This pattern could also be an artifact of how the real-data simulation is constructed. Because we subsample from large benchmarks — and large benchmarks contain correlated items and difficulty clusters — a random draw of N = 20 items can easily land in a sparse or lopsided regime that would be unusual in a carefully curated, representative eval set. In a smaller, purpose-built evaluation that attempts reasonable coverage of difficulty, the dominance and sparsity problems would largely disappear.
Finally, the situations where Tango under-performs are also extreme cases where CIs don't tell us much —if one model completely dominates in performance (0% vs 80%), merely eyeballing mean differences may be enough. Similarly, if both models perform very poorly (2% vs 2%), statistics are similarly not that informative. So if a CI method is "slightly off", it may not be a big deal in practice.
That said, evalstats cannot base recommendations on "it's usually fine."
Since the failure mode exists and is observable on real benchmark data at small N, our recommendation changes:
- N < 50: use Bayesian paired with 10,000 resamples for binary pairwise CIs. It provides better small-sample coverage in the real-data regime, including the sparse/dominated cases where Tango struggles. We sacrifice speed considerably, but it's safer for extreme cases that may very well appear in practice on poorly constructed evaluation sets or "David vs. Goliath" scenarios.
- N ≥ 50: switch to Tango score interval. At this point Tango reaches its target coverage, is dramatically faster, produces tighter CIs than Bayesian paired, and sits closer to the nominal α level rather than over-covering. Critically, it also does not deteriorate at large N the way the Bayesian paired method does.
This threshold-based switch is what evalstats implements under method="auto"

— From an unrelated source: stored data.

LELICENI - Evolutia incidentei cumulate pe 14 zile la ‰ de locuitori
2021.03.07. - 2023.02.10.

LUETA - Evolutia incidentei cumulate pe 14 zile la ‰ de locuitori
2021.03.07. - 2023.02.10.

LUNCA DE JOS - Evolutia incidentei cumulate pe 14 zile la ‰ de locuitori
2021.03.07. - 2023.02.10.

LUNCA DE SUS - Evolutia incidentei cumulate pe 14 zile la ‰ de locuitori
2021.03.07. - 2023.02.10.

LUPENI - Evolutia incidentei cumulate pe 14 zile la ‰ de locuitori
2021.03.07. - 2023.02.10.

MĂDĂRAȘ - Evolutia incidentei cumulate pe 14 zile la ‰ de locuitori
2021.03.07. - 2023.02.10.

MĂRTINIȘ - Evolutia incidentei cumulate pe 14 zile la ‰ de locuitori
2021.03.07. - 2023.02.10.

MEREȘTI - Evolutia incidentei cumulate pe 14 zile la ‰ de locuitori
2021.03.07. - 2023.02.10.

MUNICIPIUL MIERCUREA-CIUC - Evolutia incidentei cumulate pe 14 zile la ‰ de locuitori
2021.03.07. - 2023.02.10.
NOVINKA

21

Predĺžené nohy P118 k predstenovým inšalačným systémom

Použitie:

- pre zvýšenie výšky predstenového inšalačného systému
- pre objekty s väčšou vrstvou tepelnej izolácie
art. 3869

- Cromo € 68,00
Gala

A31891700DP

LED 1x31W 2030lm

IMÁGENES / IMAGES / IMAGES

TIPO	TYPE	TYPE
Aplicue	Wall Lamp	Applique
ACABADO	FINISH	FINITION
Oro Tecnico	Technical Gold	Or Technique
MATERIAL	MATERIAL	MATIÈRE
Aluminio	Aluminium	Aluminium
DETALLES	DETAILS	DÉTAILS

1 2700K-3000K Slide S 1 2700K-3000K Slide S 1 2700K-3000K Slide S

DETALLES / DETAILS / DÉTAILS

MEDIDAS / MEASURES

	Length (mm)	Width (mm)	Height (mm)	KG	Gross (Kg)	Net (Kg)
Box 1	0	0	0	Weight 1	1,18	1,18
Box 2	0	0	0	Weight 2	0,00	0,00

for binary pairwise comparisons.
Multi-Run Coverage (Hierarchical Data)
Increasingly, it has become good practice to collect multiple "runs" per input, to account for the inherent stochasticity in LLM outputs. These multi-run scenarios introduce a second level of variance — run stochasticity within each input — that single-run methods ignore or may not even be able to handle. We ran a separate Monte Carlo simulation (200 MC reps; 10% of the single-run study) over the same distribution suite, sweeping both N (number of inputs) and f_run (runs per input), to compare "flat" methods that just use the mean of runs or take only the first run, against nested resampling methods. For a harder challenge that better matches real LLM eval data (where each "item" is really of different difficulty), run-level noise in these simulations is heteroscedastic: run noise variance differs across inputs.

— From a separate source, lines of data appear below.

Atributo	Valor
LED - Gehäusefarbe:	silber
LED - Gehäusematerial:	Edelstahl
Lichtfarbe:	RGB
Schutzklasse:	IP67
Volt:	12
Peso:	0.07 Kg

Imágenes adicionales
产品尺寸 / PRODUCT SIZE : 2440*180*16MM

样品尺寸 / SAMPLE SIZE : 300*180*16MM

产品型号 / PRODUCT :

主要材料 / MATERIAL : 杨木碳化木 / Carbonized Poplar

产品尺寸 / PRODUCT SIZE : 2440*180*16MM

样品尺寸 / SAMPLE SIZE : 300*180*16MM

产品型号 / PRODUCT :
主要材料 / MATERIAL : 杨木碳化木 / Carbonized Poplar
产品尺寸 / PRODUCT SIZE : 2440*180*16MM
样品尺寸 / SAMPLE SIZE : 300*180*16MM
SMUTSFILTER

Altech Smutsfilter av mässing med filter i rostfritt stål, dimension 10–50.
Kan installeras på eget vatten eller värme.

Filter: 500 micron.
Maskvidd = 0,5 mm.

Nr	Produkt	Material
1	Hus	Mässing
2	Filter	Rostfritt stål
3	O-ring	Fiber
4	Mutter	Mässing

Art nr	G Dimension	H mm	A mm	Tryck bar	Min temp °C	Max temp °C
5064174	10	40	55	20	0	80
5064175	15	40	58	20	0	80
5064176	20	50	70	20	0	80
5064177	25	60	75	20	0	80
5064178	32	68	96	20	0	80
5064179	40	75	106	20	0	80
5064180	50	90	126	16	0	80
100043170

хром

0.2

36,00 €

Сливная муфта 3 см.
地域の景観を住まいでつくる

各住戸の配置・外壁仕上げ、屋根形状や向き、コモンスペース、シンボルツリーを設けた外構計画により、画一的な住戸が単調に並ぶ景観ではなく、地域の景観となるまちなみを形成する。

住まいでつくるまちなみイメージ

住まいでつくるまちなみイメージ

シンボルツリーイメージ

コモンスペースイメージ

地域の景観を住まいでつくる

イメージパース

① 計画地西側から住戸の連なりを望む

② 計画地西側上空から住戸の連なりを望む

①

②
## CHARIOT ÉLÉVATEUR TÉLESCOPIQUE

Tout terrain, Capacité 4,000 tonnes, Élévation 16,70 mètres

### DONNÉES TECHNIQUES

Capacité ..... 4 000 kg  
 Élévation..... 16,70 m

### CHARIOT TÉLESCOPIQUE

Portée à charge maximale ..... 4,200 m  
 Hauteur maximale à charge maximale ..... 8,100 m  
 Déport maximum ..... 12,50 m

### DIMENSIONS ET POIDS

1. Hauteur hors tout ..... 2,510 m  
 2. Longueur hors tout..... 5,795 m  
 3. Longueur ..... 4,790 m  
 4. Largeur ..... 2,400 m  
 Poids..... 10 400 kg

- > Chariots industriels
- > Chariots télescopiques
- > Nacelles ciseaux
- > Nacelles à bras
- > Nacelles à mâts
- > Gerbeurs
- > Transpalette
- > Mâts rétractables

The key finding is that taking the per-input mean across runs and running standard methods over those means performs reasonably well — Wilson, Tango, and NIG all achieve near-target coverage this way.
Input-level clustering is automatically absorbed when the mean is treated as a single observation, so these methods are not as badly hurt as truly flat approaches that treat every run as an independent data point.
However, tighter CI widths can be achieved with methods that explicitly account for within-item run variance: by decomposing total variance into a between-item term and a within-item Monte Carlo noise term (as in tango_multirun_mmnt and the nested resampling variants), the interval can be narrowed without sacrificing coverage.
The practical upshot is that running on means is a safe baseline, but if you have enough runs per input the multi-run-aware methods will give you meaningfully narrower intervals at no extra compute cost.
CI Coverage vs. Computation Cost — Point Estimates
Figure: Coverage vs. computation cost for point-estimate (mean) CI methods in the multi-run setting, averaged across eval types, run-noise fractions, and sample sizes.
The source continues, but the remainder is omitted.